* _ACTIVITY_
When a line of the entries contains "Colour", please list that line.

* _MATERIAL SUPPLIED_
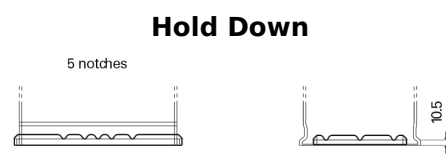

Product overview

Batteries for Cars

Formula Xtreme FA472

Part number	FA472
Technology	Flooded
EAN/GTIN	3661024044264
Voltage	12 V
Capacity	47 Ah
CCA	450 A
Length	207 mm
Width	175 mm
Height	175 mm
Box size	LB1
Polarity	ETN 0
Terminal Type	EN taper post
Hold Down	B13
Weights (subject of variation)	11.40 kg
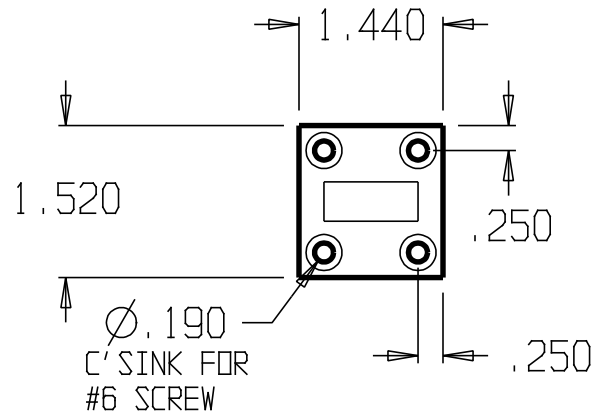

REVISIONS			
ZONE	REV	FINISHES:	GAUGE:
		ZINC	

WITH VINYL CHAIN COVER
CHAIN LENGTH: 21.75"

DON-JO MFG. INC.

DESIGNER	SIZE	DATE:	PART NO.	REV
	A	5/4/04	CC-100	
APPROVED	SCALE	RELEASE DATE	WEIGHT	SHEET
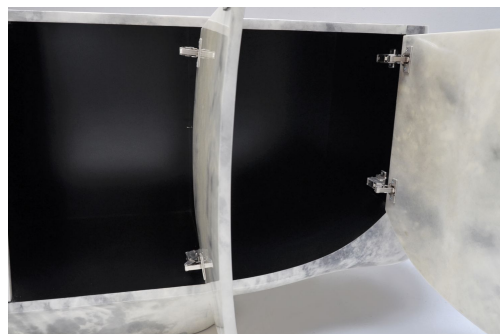

HERITAGE SIDEBOARD

DESIGN By Qoqet

Front View

Top View

Dimensions (mm)

397.93W x 20.50D x 101.50H

Dimensions (Inches)

397.93W x 20.50D x 101.50H

Artisanal creation, meticulously hand-carved body enveloped in parchment lining. Four doors conceal while a central glass shelf showcases. A harmonious blend of craftsmanship and function in this unique piece.
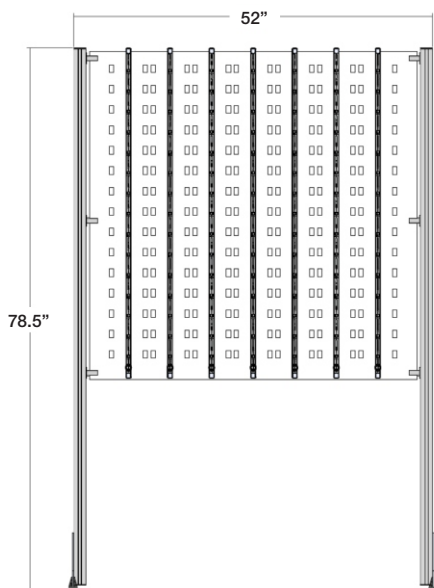

FT.DWL.105_Lockable
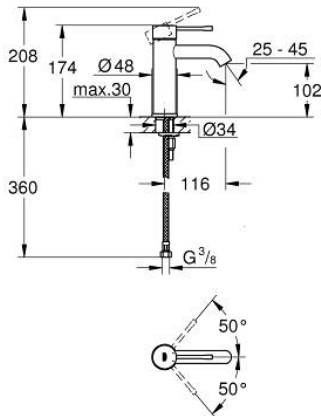

23 590 DL1 **ESSENCE BASIN MIXER 1/2"**
S-SIZE

PRODUCT DESCRIPTION

- Colour: brushed warm sunset
- single hole installation
- metal lever
- GROHE SilkMove 28 mm ceramic cartridge
- with temperature limiter
- GROHE LongLife finish
- GROHE EcoJoy - less water, perfect flow
- maximum flow rate (at 3 bar): 5.7 l/min
- GROHE AquaGuide adjustable mousseur
- GROHE FastFixation Plus installation system
- smooth body
- flexible connection hoses

23 590 DL1 **ESSENCE BASIN MIXER 1/2"**
S-SIZE

SPARE PARTS

- 1: Lever (Spare part-nr. 46917DL0)
 - 2: retaining ring (Spare part-nr. 46715000)
 - 3: Cartridge (Spare part-nr. 46580000)
 - 4: Mousseur (Spare part-nr. 48270000)
 - 5: Escutcheon (Spare part-nr. 48603DL0)
 - 6: Shank mounting kit (Spare part-nr. 46645000)
 - 7: Mounting wrench (Spare part-nr. 19017000)*
 - 8: Waste set with push-open plug (Spare part-nr. 65807DL0)*
- * Optional accessories
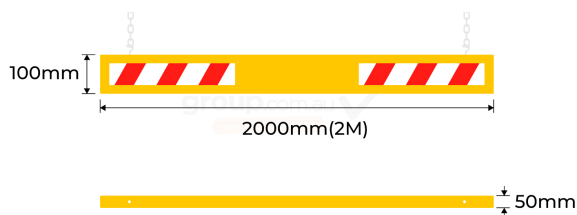

# PRODUCT SPECS

Product Code:	HB-2
Length:	2000mm(2M)
Width:	100mm
Thickness:	50mm
Weight:	10Kg
Colour:	Safety Yellow

## HEIGHT CLEARANCE BAR 2 METERS LONG

- Safety yellow powder coated finish
- Custom made sizes available to suit your area
- Designed to remind people of overhead low clearance
- Includes adjustable hanger assemblies with chain
- Includes wording: 'Low Clearance' or custom applied with your specified height

Height bars are manufactured from durable steel and has a safety yellow powder coted finish. They come in varies sizes and can be custom made to suit your area. Includes adjustable hanger assemblies with chain. Text is custom applied to suit your requirements. Please specify your maximum clearance height for the text and the length of chain you require. Designed to be strong and durable to remind people of overhead low clearance, it is the ideal solution for areas to eliminate damage to vehicles and property caused by oversize vehicles entering areas of restricted height.
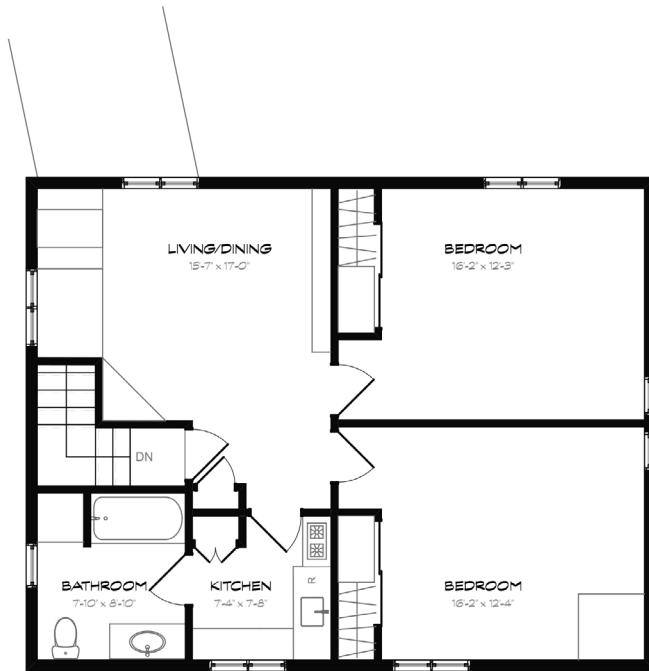

SANSUI
 "BEAUTIFUL VIEWS OF THE MOUNTAINS"
 OVERALL PLAN - MAIN LEVEL
 Scale: 1/16" = 1'-0"

SANSUI
MAIN HOUSE - LOWER LEVEL
Scale: 1/8" = 1'-0"

SANSUI
 MAIN HOUSE - MAIN LEVEL
 Scale: 1/8" = 1'-0"

SANSUI
 MAIN HOUSE - TOP LEVEL
 Scale: 1/8" = 1'-0"

SANSUI
GUEST HOUSE - MAIN LEVEL
Scale: 1/8" = 1'-0"

SANSUI
GUEST HOUSE - TOP LEVEL
Scale: 1/8" = 1'-0"

* _WRITTEN REPLY_
- Colour: brushed warm sunset
Colour:	Safety Yellow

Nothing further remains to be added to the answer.